[Opening Supplied entries section]
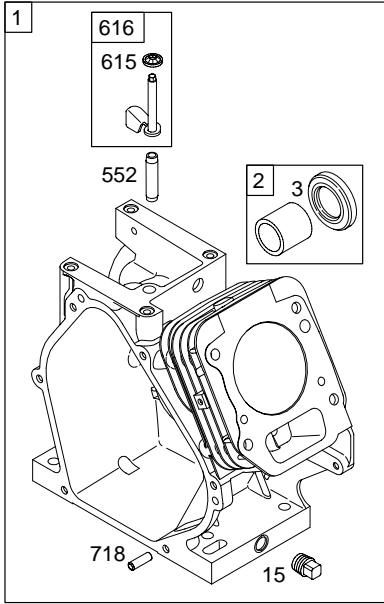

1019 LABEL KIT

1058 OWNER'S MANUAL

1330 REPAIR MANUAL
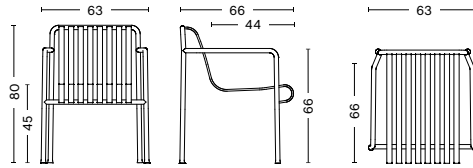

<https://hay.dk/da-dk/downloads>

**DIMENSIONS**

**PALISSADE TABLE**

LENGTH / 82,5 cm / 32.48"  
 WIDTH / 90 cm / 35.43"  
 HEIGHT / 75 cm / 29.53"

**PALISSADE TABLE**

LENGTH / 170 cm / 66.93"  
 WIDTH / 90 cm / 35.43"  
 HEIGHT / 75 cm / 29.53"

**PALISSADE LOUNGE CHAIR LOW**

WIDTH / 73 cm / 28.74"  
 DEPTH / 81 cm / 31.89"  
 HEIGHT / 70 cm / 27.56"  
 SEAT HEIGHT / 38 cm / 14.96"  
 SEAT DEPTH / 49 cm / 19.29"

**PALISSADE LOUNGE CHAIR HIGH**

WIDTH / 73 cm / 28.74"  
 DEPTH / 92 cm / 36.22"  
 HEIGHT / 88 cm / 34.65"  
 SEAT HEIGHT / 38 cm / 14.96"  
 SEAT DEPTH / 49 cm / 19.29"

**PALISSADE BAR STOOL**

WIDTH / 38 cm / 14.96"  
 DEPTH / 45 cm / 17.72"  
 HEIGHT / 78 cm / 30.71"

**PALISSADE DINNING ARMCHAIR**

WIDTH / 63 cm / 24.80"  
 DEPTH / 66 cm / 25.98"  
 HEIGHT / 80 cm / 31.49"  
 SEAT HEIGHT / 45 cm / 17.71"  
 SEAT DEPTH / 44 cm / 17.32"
[Closing Supplied entries section]
** Activity **
Copy only this part of the entries above: the line with "HEIGHT / 70", the line with "DEPTH / 66 cm", and the lines between, all exactly as written.

** Reply to the task **
 HEIGHT / 70 cm / 27.56"  
 SEAT HEIGHT / 38 cm / 14.96"  
 SEAT DEPTH / 49 cm / 19.29"

**PALISSADE LOUNGE CHAIR HIGH**

WIDTH / 73 cm / 28.74"  
 DEPTH / 92 cm / 36.22"  
 HEIGHT / 88 cm / 34.65"  
 SEAT HEIGHT / 38 cm / 14.96"  
 SEAT DEPTH / 49 cm / 19.29"

**PALISSADE BAR STOOL**

WIDTH / 38 cm / 14.96"  
 DEPTH / 45 cm / 17.72"  
 HEIGHT / 78 cm / 30.71"

**PALISSADE DINNING ARMCHAIR**

WIDTH / 63 cm / 24.80"  
 DEPTH / 66 cm / 25.98"  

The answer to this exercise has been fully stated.